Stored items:
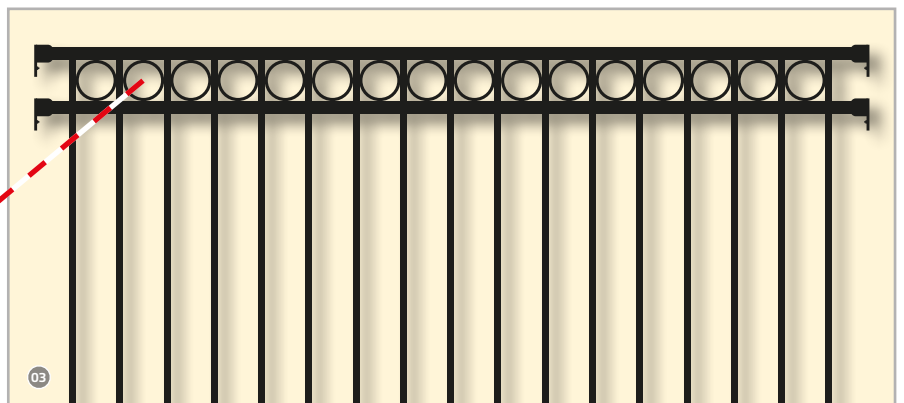

Zäune aller Art
für Ihre Sicherheit & Geborgenheit

driller

„mehr als Draht!“

Frontgitter ALU-Zaun – Breisgau, Freiburg und Schwarzwald

Diese Zaunsysteme überzeugen mit ihrem modernen Design, welches durch kreisrunde Zierornamente oder Spitzen abgerundet wird. Die Kombination aus Aluminium mit einer hochwertigen Oberflächenbeschichtung ist Garant für eine lange Lebensdauer. Die einzelnen Zaunfelder können in der Länge gekürzt werden. Dadurch eignen sie sich für jede Grundstücksgröße. Die Montage des Systems ist schnell und unkompliziert.

Elegante Einfriedungen kommen an!

- Robust
- Formschönes Design
- Individuell

Ein Blickfang vor dem Haus!

Frontgitterzaun BREISGAU!

Mit unseren passenden Einzel- und Doppeltoren können Sie Ihren Zaun noch zusätzlich erweitern. Einzeltor-Sets enthalten das jeweilige Gartentor sowie Anschlagpfosten und Klobenpfosten. Unsere Doppeltor-Sets bestehen aus den benötigten Anschlagpfosten und dem ausgewählten Tor. Erhältlich sind die Zaunsysteme in der Farben schwarz und Anthrazit. Die verfügbaren Zaunhöhen liegen zwischen 1000 mm und 1800 mm.

Kreis-Zierband mit doppeltem Querholm!

Pluspunkte mit Sinn!

- Ansprechende, klare Formen
- Montage unkompliziert und schnell
- In zwei Höhen lieferbar
- Sonderfarben auf Anfrage möglich
- Idealer Gartenzaun vor dem Haus

09

Spitzen-Zierband mit doppeltem Querholm!

Bei den Varianten FREIBURG und SCHWARZWALD des Frontgitterzauns reichen die Gitter unten ca. 102 mm über die Querholme hinaus. Der Überstand der Zierspitzen oben am Zaungitter beträgt ca. 152 mm. Bei der Variante BREISGAU schließen die Gitter unten, bündig mit dem Querholm ab. Die Querholme haben, bei allen oben aufgeführten Frontgitterzäunen, das Maß 38 x 25 mm.
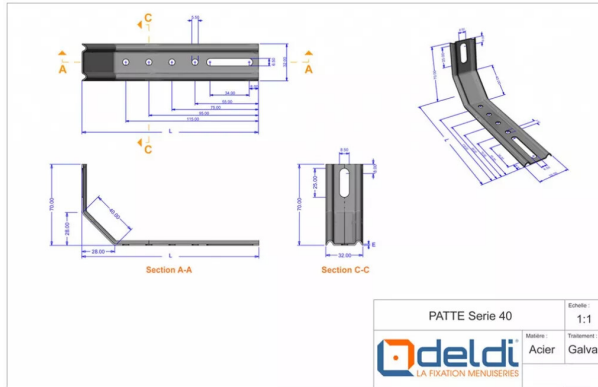

EQUERRE SERIE 40 115X70

Réf. : AD7011

Vendu par

Convient à la plupart des menuiseries PVC et ALU sans aile ou avec aile de recouvrement faible .
Pan coupé de 40 mm (dégagement d'angle 28 x 28).

Epais. isolant 120
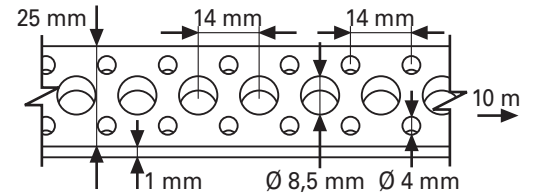

54139

BANDE PERFOREÉ 25 MM X 1 MM X 10 M

CODE :	54139
MATÉRIEL :	ACIER INOXYDABLE
MESURES :	25 MM X 1 MM
TYPE :	DROITE
GRANDEUR DU TROU :	8,5 MM Ø / 4 MM Ø
CAPACITÉ DE CHARGE :	1.800 N.
CONDITIONNÉ :	10 M ROULEAUX EN PLASTIQUE
CHAQUE CAISSE :	5 ROULEAUX
CHAQUE PALETTE :	560 ROULEAUX
QUALITÉ :	AISI 316
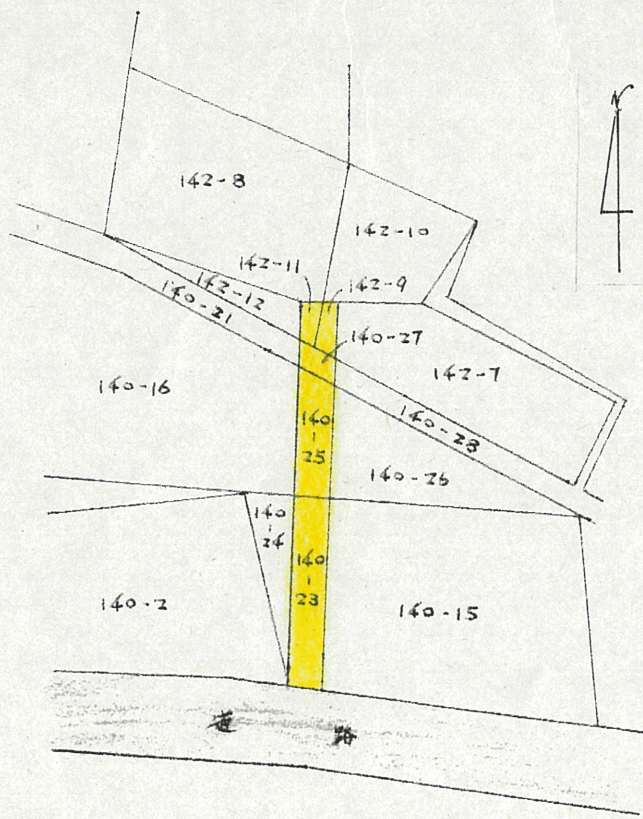

附近見取図

断面図

S-1/40

S-1/600

道の指定図	指定番号	49-14
布橋一丁目 地内	指定年月日	S49.12.23

地籍

図 (実測図及び公図写)

S-1/200
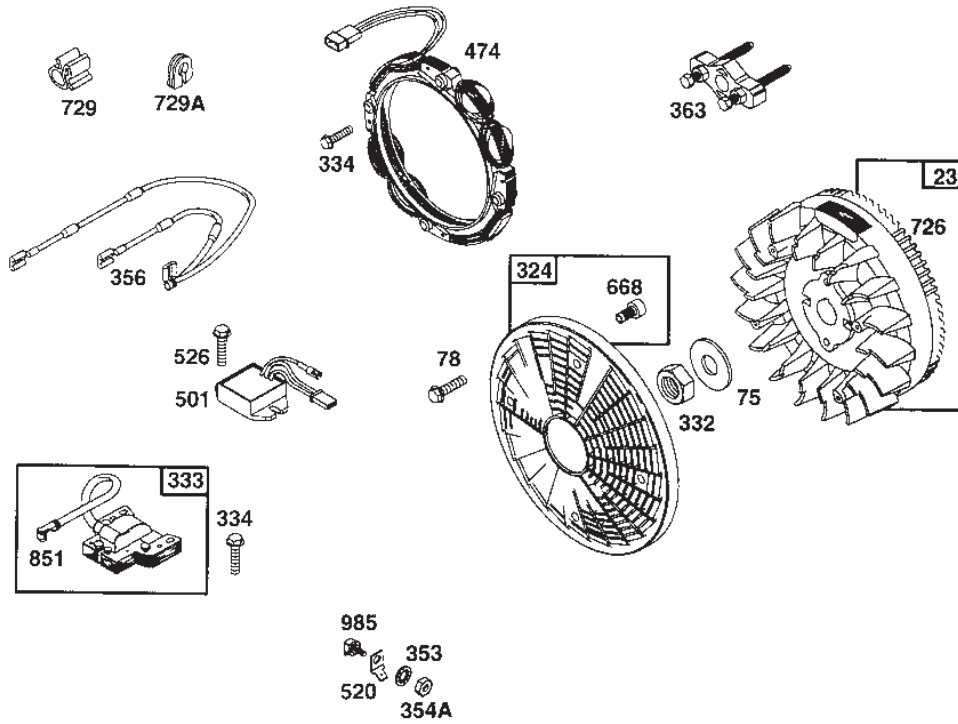

Utgåva Issue 46 - 2014		Elsystem Startmotor		Electric System Starter Motor	
Pos. Fig.	Antal Quantity	Art nr Part No	Benämning	Description	Anmärkning Notes
23	1	807531	Flywheel	Flywheel	
75	1	805007	Bricka	Washer	
78	3	805447	Skruv	Screw	
188	2	805247	Skruv	Screw	
309	1	494990	Starter motor	Starter motor	
310	2	94004	Bult	Bolt	
311	2	490311	Brush	Brush	
324	1	494439	Nät	Screen	
332	1	805021	Mutter	Nut	
333	1	492341	Armature magneto	Armature magneto	
334	6	805407	Skruv	Screw	
353	1	92791	Bricka	Washer	
354	1	90576	Mutter	Nut	
356	1	493792	Gasreglage	Throttle Cable	
363	1	19203	Avdragare	Puller	Tillbehör/Accessory
474	1	393295	Generator	Alternator	
501	1	394890	Regulator	Regulator	
510	1	495878	Drev kpl	Drive assy	
513	1	398003	Koppling kpl	Clutch Ass.Y	
520	1	93722	Anslutningsbleck	Terminal	
526	2	805448	Skruv	Screw	
544	1	490309	Armature	Armature	
668	1	805402	Distans	Spacer	
726	1	807805	Breather body	Gear	
729	1	280470	Wire clip	Wire clip	
729	1	805641	Hylsa	Grommet	
783	1	280104	Drev	Gear	
801	1	394856	Lock	Drive end cap	
802	1	494988	Bottenkapa	Commutator end cap	
803	1	494205	Hus	Housing	
851	1	493880	Terminal	Terminal	
876	1	495877	Retainer kit	Retainer kit	
896	1	94288	Stift	Roll pin	
985	1	398525	Isolator	Insulator
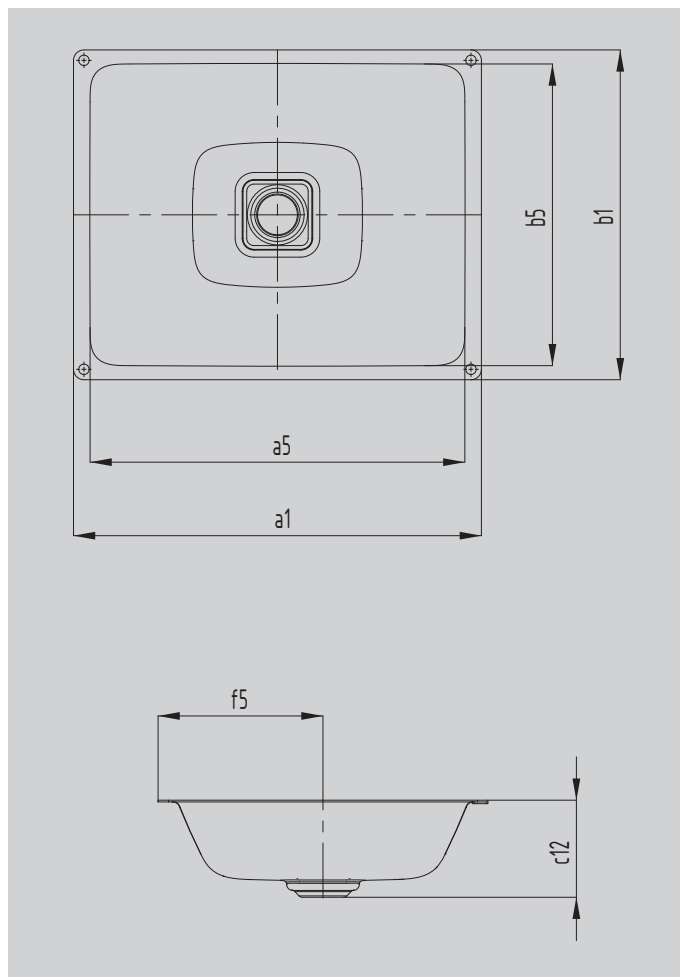

# CONO UNTERBAUWASCHTISCH

- harmonisch anmutender Waschtisch mit Premium Charakter
- optimal integrierter emaillierter Ablauf zur vollkommenen Abrundung des geometrischen Erscheinungsbildes
- ergänzt perfekt die CONO-Familie
- äußerst großzügige Fläche für Armatur und individuelle Accessoires

Abbildung ähnlich

Modell		3078
Äußere Länge	$a_1$	470 mm
Innere Länge	$a_5$	432 mm
Äußere Breite	$b_1$	381 mm
Innere Breite	$b_5$	348 mm
Abstand Spiegelfläche bis Unterkante Ablaufprägung	$c_{12}$	112 mm
Abstand Außenkante bis Mitte Ablaufloch	$f_5$	191 mm
Nettogewicht		5 kg
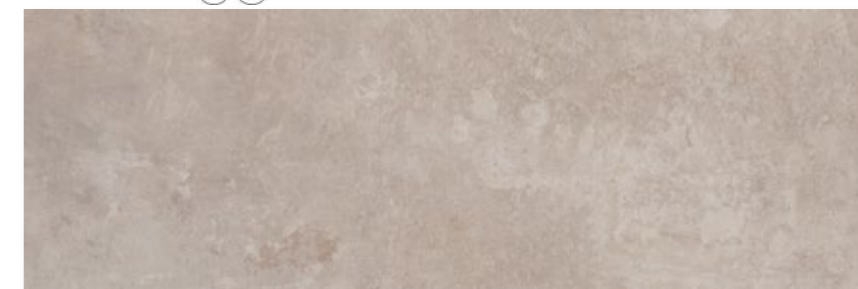

PORTO

PORTO LIGHT GREY  

250X750 NR: MAO22W17200C

PORTO VETRO GREY DEC   

250X750 NR: MEZ19D17200C

PORTO GREY  

250X750 NR: MAO19W17200C

 **AVAILABLE MOSAIC SIZE:**

300x300: 300 x 300 X 8.5 mm | 11.8 x 11.8 x 0.33 inch

● **DIRECTIONS FOR THIS TASK**
Determine the count of lines in the data above with the string "Terminal" in them, and give that count alone.

● **TASK SOLUTION**
2